Work required: Give back an exact copy of the listing that follows, without the pictures.

Given entries:

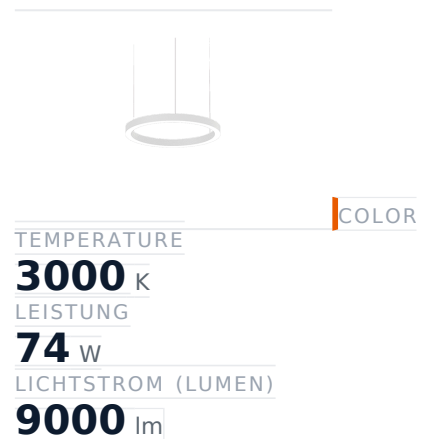

# Glamox FX65 Dekorationsleuchte, 8600 Im, 3000 K, DALI-dimmbar

<b>Item no.</b>	<b>GL-FXX111889</b>	<b>Manufacturer</b>	<b>Glamox</b>
<b>Manufacturer no.</b>	<b>FXX111889</b>	<b>EAN</b>	<b>5903531118891</b>

Glamox FX65 decorative luminaire – 8600 Im, 3000 K, DALI dimmable.

## TECHNICAL DATA

Article authenticity	<b>Original product</b>
Color Temperature	<b>3000K</b>
Condition of article	<b>New</b>
Leistung	<b>74 W</b>
Lichtstrom (Lumen)	<b>9000 Im</b>
Schutzart	<b>IP20</b>
Serie	<b>FX65</b>
Steuerung / Betriebsgerät	<b>DALI dimmbar</b>
Weight	<b>10 kg</b>

## DESCRIPTION

The **Glamox FX65** is a professional decorative luminaire delivering 8600 Im at 3000 K.

- **Luminous flux:** 8600 Im
- **Power:** 74 W
- **Colour temperature:** 3000 K
- **Colour rendering:** Ra80
- **IP rating:** IP20
- **Control gear:** DALI dimmable
- **Service life:** 100 000 h
- **Shape:** Rund
- **Material:** Acryl
- **Brand:** Glamox

Solution to this exercise:
# Glamox FX65 Dekorationsleuchte, 8600 Im, 3000 K, DALI-dimmbar

<b>Item no.</b>	<b>GL-FXX111889</b>	<b>Manufacturer</b>	<b>Glamox</b>
<b>Manufacturer no.</b>	<b>FXX111889</b>	<b>EAN</b>	<b>5903531118891</b>

Glamox FX65 decorative luminaire – 8600 Im, 3000 K, DALI dimmable.

## TECHNICAL DATA

Article authenticity	<b>Original product</b>
Color Temperature	<b>3000K</b>
Condition of article	<b>New</b>
Leistung	<b>74 W</b>
Lichtstrom (Lumen)	<b>9000 Im</b>
Schutzart	<b>IP20</b>
Serie	<b>FX65</b>
Steuerung / Betriebsgerät	<b>DALI dimmbar</b>
Weight	<b>10 kg</b>

## DESCRIPTION

The **Glamox FX65** is a professional decorative luminaire delivering 8600 Im at 3000 K.

- **Luminous flux:** 8600 Im
- **Power:** 74 W
- **Colour temperature:** 3000 K
- **Colour rendering:** Ra80
- **IP rating:** IP20
- **Control gear:** DALI dimmable
- **Service life:** 100 000 h
- **Shape:** Rund
- **Material:** Acryl
- **Brand:** Glamox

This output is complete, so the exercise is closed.